A recent U.S. Federal Trade Commission ruling will help move the proposed combination of Fairmount Santrol and Unimin Corp. a bit closer to completion, according to a statement from the buyer. The FTC approved an early termination of the waiting period under the Hart-Scott-Rodino Antitrust Improvements Act of 1976, an anti-trust regulation that requires merger parties to make a detailed case to the FTC and U.S. Dept. of Justice, and wait for those agencies to determine that their transaction will not adversely affect the market’s competitive balance.
Last December, Fairmount Santrol and Unimin Corp. (a subsidiary of SCR-Sibelco NV) announced a definitive agreement, potentially combining two of the largest suppliers of silica products to the metalcasting market.
The “tax-free, cash and stock transaction” will mean Fairmount shareholders will receive $170 million in cash (approximately $0.74/share) and will own 35% of the combined company. Sibelco will own the remaining 65%.

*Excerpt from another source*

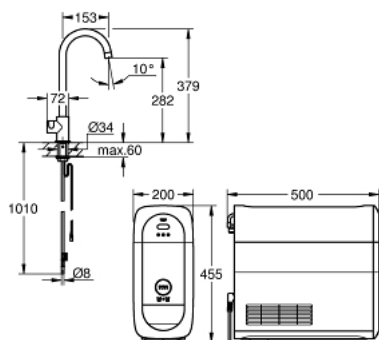

## 31 498 001 GROHE BLUE HOME STARTOVNÍ SADA MONO S VÝPUSTÍ VE TVARU C

The combination is expected to be completed by midyear.
Sibelco will maintain separate ownership of Unimin's high-purity quartz business.
The combined company will supply industrial materials (e.g., foundry sand) and proppants (for hydraulic fracturing, or “fracking”) at an annual production capacity of approximately 45 million tons of sand and minerals. Their combined reserves are projected at more than 1.3 billion tons.
Jenniffer Deckard, the current CEO of Fairmount Santrol, is expected to serve as CEO and as a director of the combined company.
In a recent conference call with market analysts, Deckard stated that the merged organization will gain synergies by optimizing the individual companies' "asset footprints — including over 50 origin facilities, multiple rail lines and nearly 100 terminals — to drive substantial cost savings across thousands of potential origin-destination pairs."
Deckard is expected to serve as CEO and a director of the combined company.